Smart-contracts have become synonymous with Solidity scripts on Ethereum and they can be used to create many things: multi-signature wallets, fungible and non-fungible tokens, payments with the escrow and so on. In most cases, you don’t need to decentralize all user interactions, so smart-contracts should do as less as possible. Some people have found out about that the hard way when their smart-contracts cannot be executed anymore because of block gas limit and unbounded loops.

There are endless ways how the same functionality can be written differently in Solidity, which means that these smart-contracts are usually not readable for regular users (even after the source code has been verified) and each implementation of the same functionality can have different bugs because a developer might have forgotten to restrict access to something that should have been limited by default (Parity hack). It’s good to see standardization of basic functionalities (ERC20, ERC721, SafeMath) on Solidity code, but it’s usually too late if your broken code is already up there and you didn’t think about how to replace the broken parts of you smart-contract. Also, ERC20 only defines required functions for the token, but every developer can still write their own implementation — so not all ERC20 tokens are the same. The possibility to implement functions to replace some parts of your smart-contract could also mean that the same ERC20 standard token can tomorrow have different spending rules or even paused by the developer.

Smart-contracts on Obyte are readable for developers and users.

Features built-into Obyte platform

Fortunately, this is not the only way to have smart-contracts. Obyte is an open cryptocurrency platform built using DAG (directed acyclic graph) and it has human readable smart-contracts, which have a set of conditions that need to be true to transfer funds out of them. Obyte platform also has multi-signature wallets, user-created tokens, payments with the escrow and many other usual smart-contract use cases already built-into the platform. It is still possible for a developer to miss some conditions in smart-contracts that can leave bugs in those deployed smart-contracts, but it’s more difficult to make other mistakes because the smart-contract language is declarative on Obyte.

Cost predictability

On Ethereum, in most cases, the developer would have to pay only for deploying the smart-contract, users pay will pay for all other interactions. In reality, the business is also another counterpart for the users and needs to execute some functions too. Since every operation in Ethereum smart-contract costs gas, if a developer added a function that needs to go through the growing list of user addresses, the cost of executing that function will also go up as the list gets longer. Ethereum throughput is limited with block size the same way like Bitcoin, so when there are more users, the fees go up too.

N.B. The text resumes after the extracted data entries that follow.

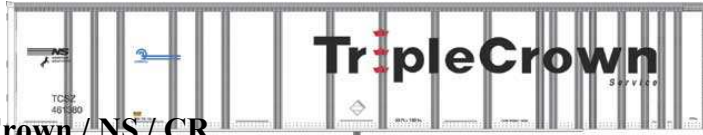

Triple Crown / NS / CR

42959-	H0	53' RoadRailer	Triple Crown / NS / CR	white/black/red, large logo [Platwall]	#461482	32,95 €	» shop «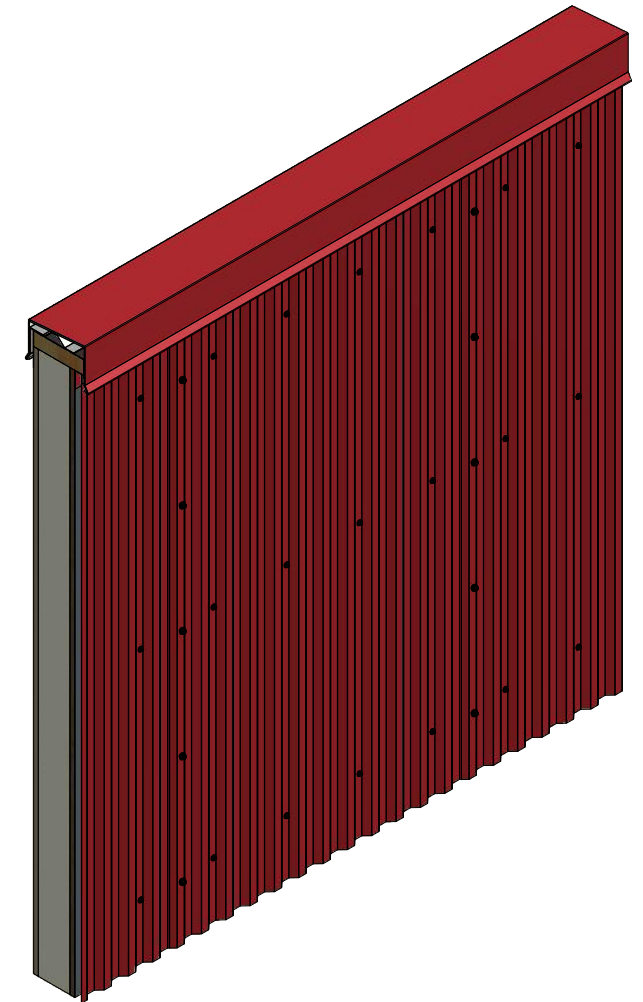

Vertical Panel

BGA270 - J Clousre

ATAS INTERNATIONAL, INC
 Allentown PA
 610-395-8445
 Mesa AZ
 480-558-7210

TITLE **Grand C Top of Wall Detail**

REV. NO.	DATE	DESCRIPTION OF REVISION	BY	APP	DWG. NO.	DR	KRK	DATE	2/18/2016
						APP	DAS	DATE	8/8/16
						SH. SIZE	B	SCALE	X:X

On Obyte, every payment and every data posted by oracles costs as much as it takes space in public database, which means that the fees are predictable for the developers and businesses can estimate how many Obyte Bytes (native coin) they need to acquire for the next year or more. This is possible because DAG architecture doesn’t have block size limit and no block time limit.

Last, but not least, Solidity is a Javascript-like language, but it’s not Javascript, which means it has a steeper learning curve than other existing languages. This means more costs for developing and more bugs. Obyte is written on well-known NodeJS and Obyte smart-contracts are just nested conditions in JSON code.